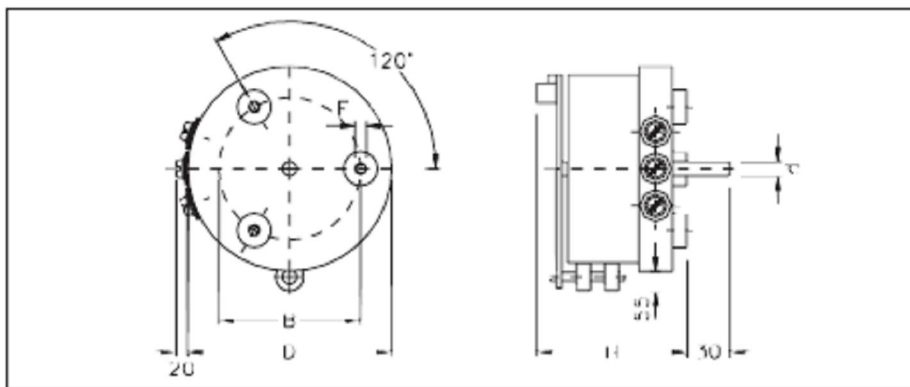

**RRSP 65 – 3515**

**Конструкция:** Открытая рама, стационарный, для установки и запуска в сухих помещениях, цепь с экономичным потреблением, подключение к клеммам с винтовым креплением. Общее 3-точечное крепление, размер 65-95 центральное крепление.

IP 00, подходит для установки при степени защиты IP 23 до 2А, класс изоляции E, класс В, максимальная окружающая температура 40°C.

Конструирование с обмотками изоляции по требованию.

Модель	Ток	230 V 0-230 V -1 %		230 V 0-260 V + 5 % -1 %		230 V 0-300 V + 5 % -1 %		400 V 0-400 V -1 %	
		3 x A	Артикул	3 x A	Артикул	3 x A	Артикул	3 x A	Артикул
RRSP 65	1,00	0185-0000065	5,00	0186-0000065					
RRSP 75	1,25	0185-0000075	0,80	0186-0000075					
RRSP 85	2,00	0185-0000085	1,00	0186-0000085					
RRSP 94	2,50	0185-0000094	1,60	0186-0000094	1,00	0187-0000094	0,80	0188-0000094	
RRSP 95	3,20	0185-0000095	2,00	0186-0000095	1,25	0187-0000095	1,00	0188-0000095	
RRSP 114	4,00	0185-0000114	2,00	0186-0000114	1,60	0187-0000114	1,60	0188-0000114	
RRSP 115	5,00	0185-0000115	4,00	0186-0000115	2,00	0187-0000115	2,00	0188-0000115	
RRSP 116	6,30	0185-0000116	5,00	0186-0000116	2,50	0187-0000116	2,50	0188-0000116	
RRSP 136	8,00	0185-0000136	6,30	0186-0000136	5,00	0187-0000136	4,00	0188-0000136	
RRSP 137	10,00	0185-0000137	8,00	0186-0000137			5,00	0188-0000137	
RRSP 157	12,50	0185-0000157	10,00	0186-0000157	6,30	0187-0000157	6,30	0188-0000157	
RRSP 178	16,00	0185-0000178	12,50	0186-0000178	8,00	0187-0000178	8,00	0188-0000178	
RRSP 217	20,00	0185-0000217					10,00	0188-0000217	
RRSP 257	25,00	0185-0000257			12,50	0187-0000257	12,50	0188-0000257	
RRSP 2570	32,00	0185-00002570							
RRSP 2970	40,00	0185-00002970							
RRSP 2512	50,00	0185-00002512	40,00	0186-00002512			25,00	0188-00002512	
RRSP 2912	63,00	0185-00002912	50,00	0186-00002912	32,00	0187-00002912	40,00	0188-00002912	
RRSP 3515	80,00	0185-00003515	80,00	0186-00003515	63,00	0187-00003515	50,00	0188-00003515

————————

• [Exercise instructions] Reply with only the number of lines in the entries that contain the word "изоляции".

• [Output for this exercise] 2